The accounting process is more subjective than bookkeeping, which is largely transactional.
Here are some industry-related questions to consider when making your decision:
- How large is your inventory?
- How many employees do you have?
- What industry are you in?
Industries that work with complex financial systems and high-volume transactions require accountants, i.e. government agencies, colleges, hospitals, etc.
When it comes to expertise: A knowledgeable, skilled bookkeeper with years of experience is most likely more qualified to run the books for your business than a fresh-off-the-campus CPA.
Consider these questions when reviewing candidates for either role:
- What is their level of expertise? Certifications?
- What services does the individual offer?
- What services does the individual have experience offering?
If You Need An Accountant, You Probably Need A Bookkeeper
If you are just starting out in business, a bookkeeper may be the right choice for you. But if your business grows and starts bringing in substantial revenues, it is advisable to have an accountant. An accountant working with a bookkeeper will give your company the ability to grow because they both can help manage everything from accurate record-keeping, inventory management, payroll, payroll taxes, taxes remittances, investments, forecasts, budgeting, and more.

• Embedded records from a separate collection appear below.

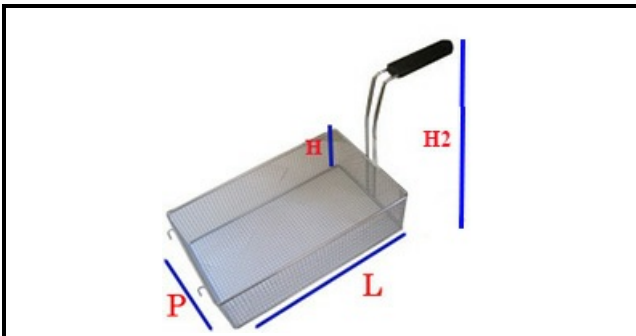

5107046

CESTELLO CUOCIPASTA 1/6 140X140X200H SINISTRO

Data: 07-01-2025

**Dati tecnici**

LUNGHEZZA MM	L=140mm
LARGHEZZA MM	P=140mm
ALTEZZA MM	H=200mm
TIPO	CUOCIPASTA/PASTA COOKER
MATERIALE	INOX
ALTEZZA MM	H2=315mm
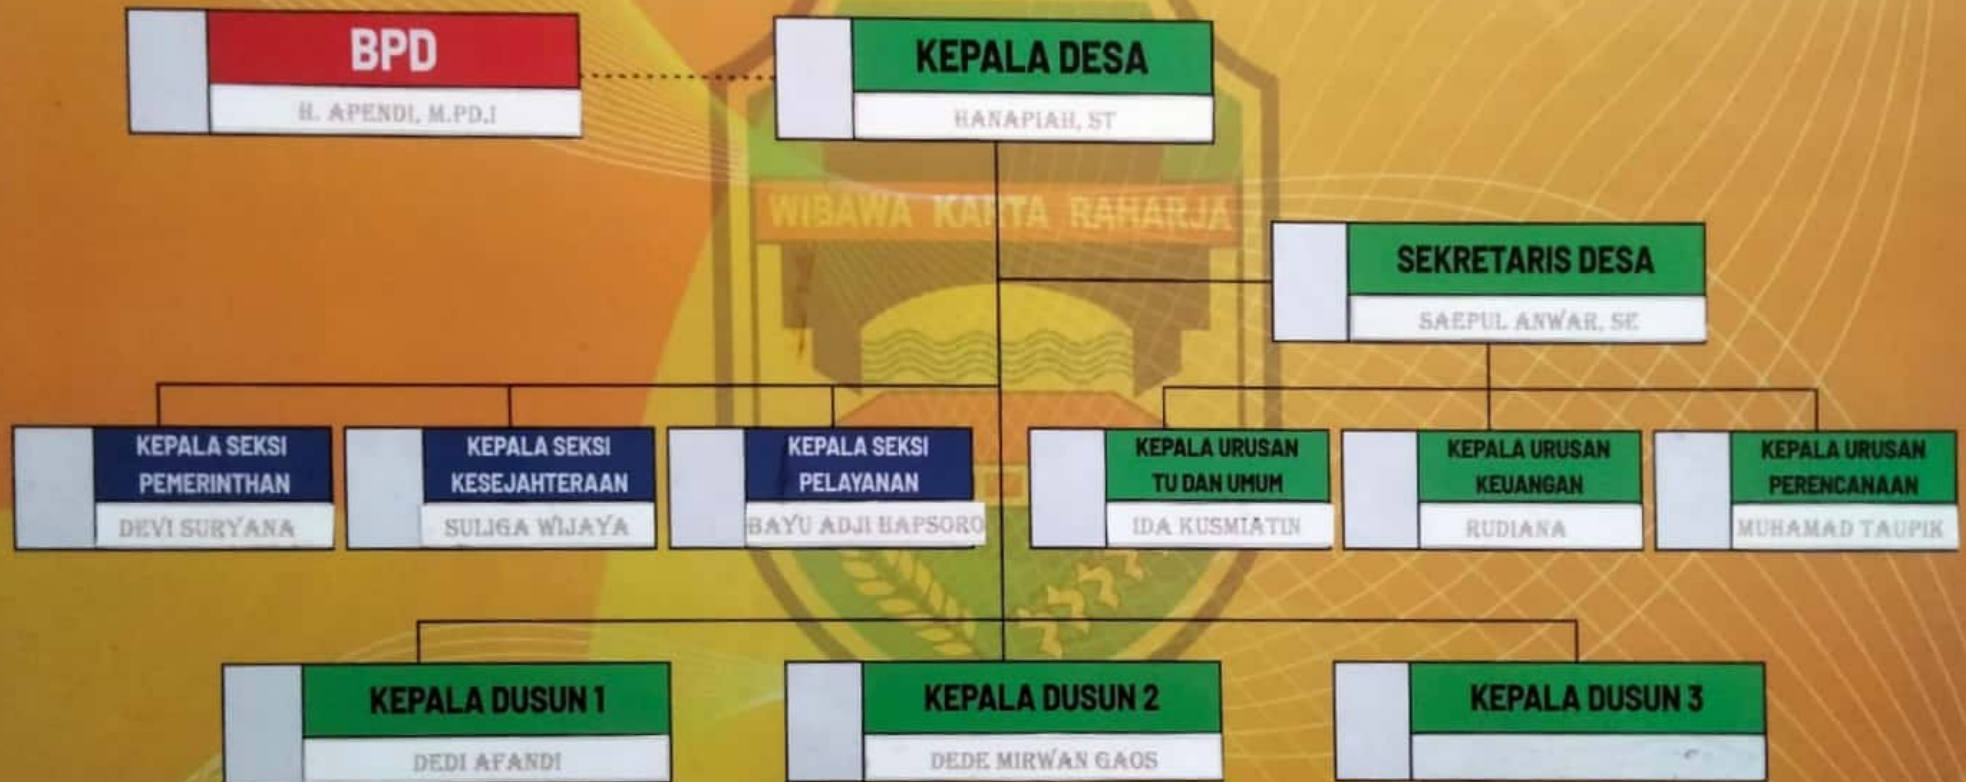

STRUKTUR ORGANISASI PEMERINTAHAN DESA CIRENDE

KEC. CAMPAKA KAB. PURWAKARTA

CATATAN :
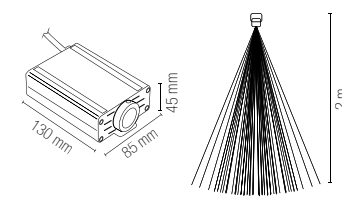

LYBRA

Faretto ad incasso rettangolare con struttura in alluminio e finitura in bianco satinato. Diffusore con orientabilità verticale. Rectangular recessed spotlight with aluminum structure and satin white finish. Diffuser with vertical orientability.

- **Materiale**
  alluminio + PC
- **Colore**
  bianco satinato
- **Temperatura colore selezionabile**
  3000K / 4000K / 6500K
- **Driver**
  incluso
- **Material**
  aluminum + PC
- **Colour**
  satin white
- **Selectable color temperature**
  3000K / 4000K / 6500K
- **Driver**
  included

	colour temp.	colour
INC-LYBRA-38		
8031414893553		
lumen	4400 lm	
watt	38W	
beam angle	120°	
pf	0.90	
	220 × 140 mm	

FIBRA OTTICA

Kit fibra ottica traslucente con temperatura colore RGB+4000K. Translucent fiber optic kit with color temperature RGB + 4000K.

- **Materiale**
  fibra ottica traslucente
- **Temperatura colore**
  RGB + 4000K
- **Driver**
  incluso
- **Dimmer**
  dimmerabile con radiocomando
- **Material**
  translucent optical fiber
- **Colour temperature**
  RGB + 4000K
- **Driver**
  included
- **Dimmer**
  dimmable with remote control

100 fiber of Ø 1mm
watt

16W
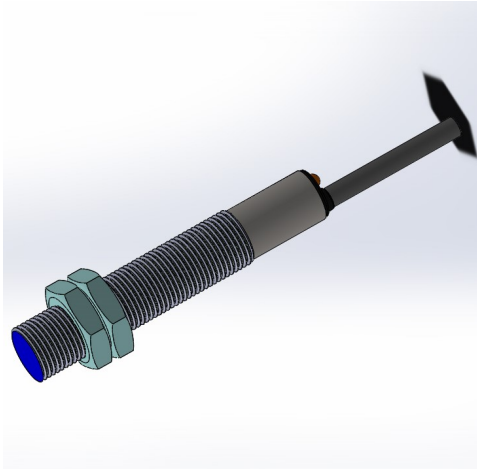

سنسور کد IPS-202-CD-12

دسته بندی: سنسورهای القایی دو سیمه DC کابلی

IPS-202-CD-12	کد محصول
M12X1Ni PLATED Brass	نوع بدنه
2	تعداد سیم
2 mm	فاصله نامی
-20~+60 °C	محدوده دمای کار
IP67	کلاس حفاظتی
CABLE2X0.25-1.5m	نحوه اتصال
TRANSISTOR	نوع طبقه خروجی
NC	عملکرد خروجی
10-30VDC	محدوده ولتاژ
120 mA	حداکثر جریان خروجی
1500 Hz	حداکثر فرکانس خروجی
✓	نمایشگر LED
5 V	حداکثر افت ولتاژ
2 mA	حداکثر جریان نشستی یا مصرفی
3 bar	حداکثر فشار کاری
flush(shielded)	حالت نصب
yes	حفاظت ولتاژ معکوس
0	حفاظت اتصال کوتاه بار
yes	حفاظت ولتاژ اضافه

A bookkeeper’s upfront work allows accountants to optimize annual tax compliance, monthly accounting statements (financial reports) preparation, management of cash flow including forecasting future cash flows with budgets or projections, risk assessment of future income using mathematical models, taxation planning, and more. The aforementioned are all areas that allow your business to function optimally from a financial standpoint.